Lab K: Isolation of Bixin (column chromatography) Flashcards
column chromatography
a technique used to separate macroscopic amounts (large amounts) of compounds based on their POLARITIES
- like running a “larger TLC”
- most common organic purification techique
how do we choose the appropriate solvent for separation/to use for column chromatography?

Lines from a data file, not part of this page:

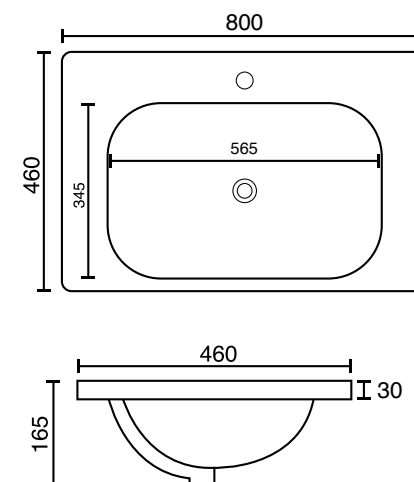

Bonita 800mm 1 Drawer Wall Unit with Orca Basin

RANGE: BONITA

SIZE: H 470 x W 800 x D 460mm

FINISH: MATT

BASIN MATERIAL: CERAMIC

TAP HOLE(S): ONE

COLOUR OPTIONS:

BLACK
(MATT)

SAGE GREEN
(MATT)

SAPPHIRE
(MATT)

WHITE
(MATT)

The information contained on this page was correct at date of issue. Fitting dimensions are provided as a guide only. Some variation may occur due to manufacturing tolerances. We pursue a policy of continuing improvement in design and performance of our products and so reserve the right to change specifications without prior notice.
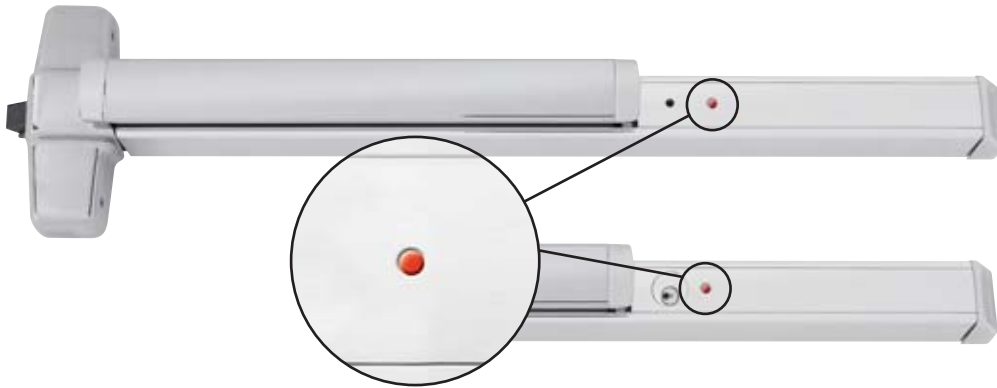

VON DUPRIN®

98/99™

Dogging Indicator – DI

Security Solutions that are visibly better

Peace of mind knowing your door wasn't left dogged...

Knowing whether an exit device has been dogged is the first step in building security. Without a centralized monitoring system, every door should be physically checked. The Von Duprin Dogging Indicator is simple, easy, and cost effective way to determine the exit device's status. The dogging indicator light can be seen from over 75' away and requires no external power source for its operation. This provides a quick visual indication of the device's dogging status, for a whole lot less than an expensive centralized monitoring system.

Protect your building's security and insure your peace of mind by adding the Von Duprin Dogging Indicator to your exit device openings. Von Duprin...a visibly better idea.

VON DUPRIN® *Dogging Indicator – DI*

Simple, effective and cost efficient indication of your exit device status.

Von Duprin now has the industry's first solution to monitoring your exit device's dogging status without the use of a centralized control panel. The Von Duprin Dogging Indicator provides a quick and easy monitoring of your exit device's dogging status delivering piece of mind that devices are in the desired state.

Features

- Red indicator light every 5 seconds, visible from over 75 feet away.
- Available in a Hex or Cylinder Dogging format.
- Designed for battery life over one year.
- Available as a factory option or field retrofit kit.
- Designed for device with mechanical dogging built after 1997.

use TLC to determine the appropriate/optimal solvent
- want a solvent such that
1. the desired compound will move off the baseline
2. the desired compound will separate well (aka clear separation) from other compounds
what are our choices of solvents and which one was chosen?
DCM
3% EtOH in DCM
10% EtOH in DCM
–> 3% EtOH in DCM was chosen
describe the steps in packing the column
- Make sure the Column is clamped in the middle and it is vertical
- Prepare (in a beaker) a slurry of silica gel and the appropriate solvent
- Add the slurry via POWDER FUNNEL
- Add more solvent to wash slurry down the sides of the column using a pipette
- Open stopcock to collect the solvent in a beaker and reuse solvent (as long as it’s not colored)
- DO NOT let solvent level fall below the top of the silica
how to prepare the sample
the sample needs to be COMPLETELY DISSOLVED –> use pipette to dissolve as much sample as possible
why it is important that the sample is completely dissolved when preparing the sample?
very important to load the sample in a narrow band onto the column
what color are the bands in the column for norbixin, bixin, and methyl bixin
norbixin - dark red
bixin - bright orange-red
methyl bixin - yellow
what does it mean for the column to run dry and what happens if it does?
column running dry means that there is no solvent above the silica gel (aka the solvent level fell below the top of the silica gel)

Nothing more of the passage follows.